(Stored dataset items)
________________________
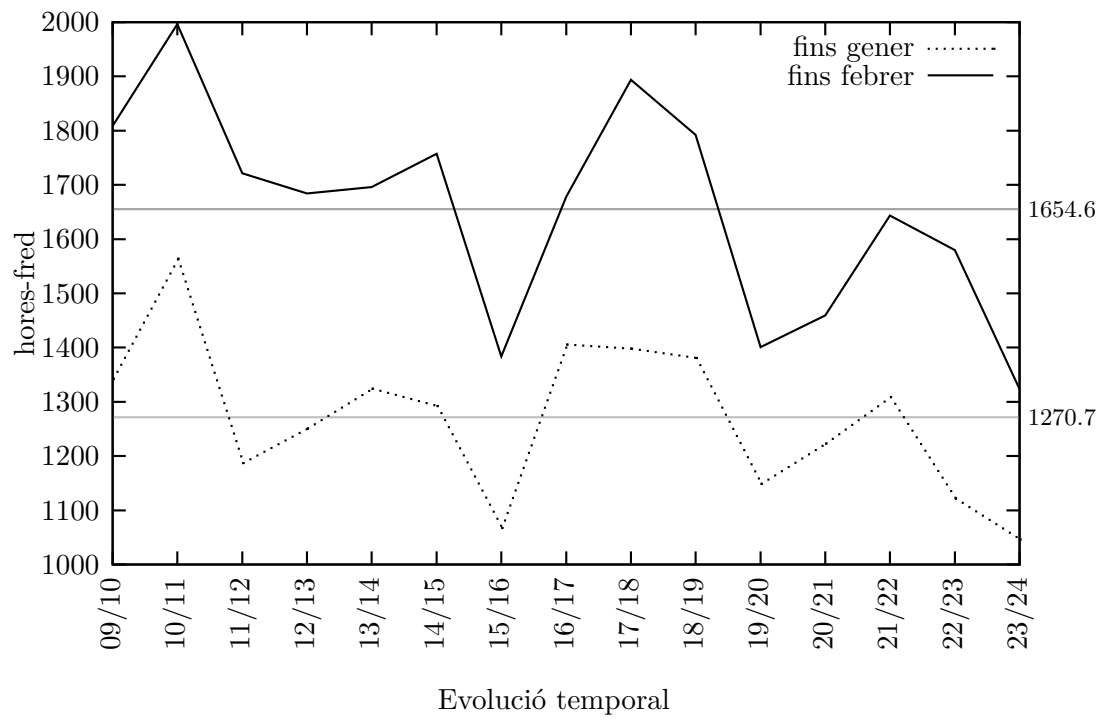

Sant Salvador de Guardiola

(CL)

Hores-fred

Anys	Novembre	Desembre	Gener	Febrer	Total	
					Nov → Gen	Nov → Feb
09/10	252.0	520.0	570.5	466.5	1342.5	1809.0
10/11	427.0	561.5	575.5	432.5	1564.0	1996.5
11/12	151.5	468.0	567.5	534.5	1187.0	1721.5
12/13	214.0	490.0	547.0	433.0	1251.0	1684.0
13/14	265.0	567.0	492.0	372.0	1324.0	1696.0
14/15	170.5	540.5	581.5	465.0	1292.5	1757.5
15/16	265.5	443.5	358.5	316.5	1067.5	1384.0
16/17	271.0	559.5	575.0	273.0	1405.5	1678.5
17/18	399.0	577.0	422.0	495.5	1398.0	1893.5
18/19	232.0	545.0	603.5	411.5	1380.5	1792.0
19/20	289.5	350.5	508.5*	252.5*	1148.5	1401.0
20/21	223.0*	474.5	525.5	236.5	1223.0	1459.5
21/22	347.0	429.0	532.5	335.0	1308.5	1643.5
22/23	177.0	393.5	551.0	458.0	1121.5	1579.5
23/24	183.0	438.5	424.5*	277.5*	1046.0	1323.5
Mitjana	257.8	490.5	522.3	384.0	1270.7	1654.6
________________________
* **WHAT YOU HAVE TO DO**
Every entry must be transcribed exactly. Pictures do not belong in the copy.

* **RESULT FOR THIS EXERCISE**
Sant Salvador de Guardiola

(CL)

Hores-fred

Anys	Novembre	Desembre	Gener	Febrer	Total	
					Nov → Gen	Nov → Feb
09/10	252.0	520.0	570.5	466.5	1342.5	1809.0
10/11	427.0	561.5	575.5	432.5	1564.0	1996.5
11/12	151.5	468.0	567.5	534.5	1187.0	1721.5
12/13	214.0	490.0	547.0	433.0	1251.0	1684.0
13/14	265.0	567.0	492.0	372.0	1324.0	1696.0
14/15	170.5	540.5	581.5	465.0	1292.5	1757.5
15/16	265.5	443.5	358.5	316.5	1067.5	1384.0
16/17	271.0	559.5	575.0	273.0	1405.5	1678.5
17/18	399.0	577.0	422.0	495.5	1398.0	1893.5
18/19	232.0	545.0	603.5	411.5	1380.5	1792.0
19/20	289.5	350.5	508.5*	252.5*	1148.5	1401.0
20/21	223.0*	474.5	525.5	236.5	1223.0	1459.5
21/22	347.0	429.0	532.5	335.0	1308.5	1643.5
22/23	177.0	393.5	551.0	458.0	1121.5	1579.5
23/24	183.0	438.5	424.5*	277.5*	1046.0	1323.5
Mitjana	257.8	490.5	522.3	384.0	1270.7	1654.6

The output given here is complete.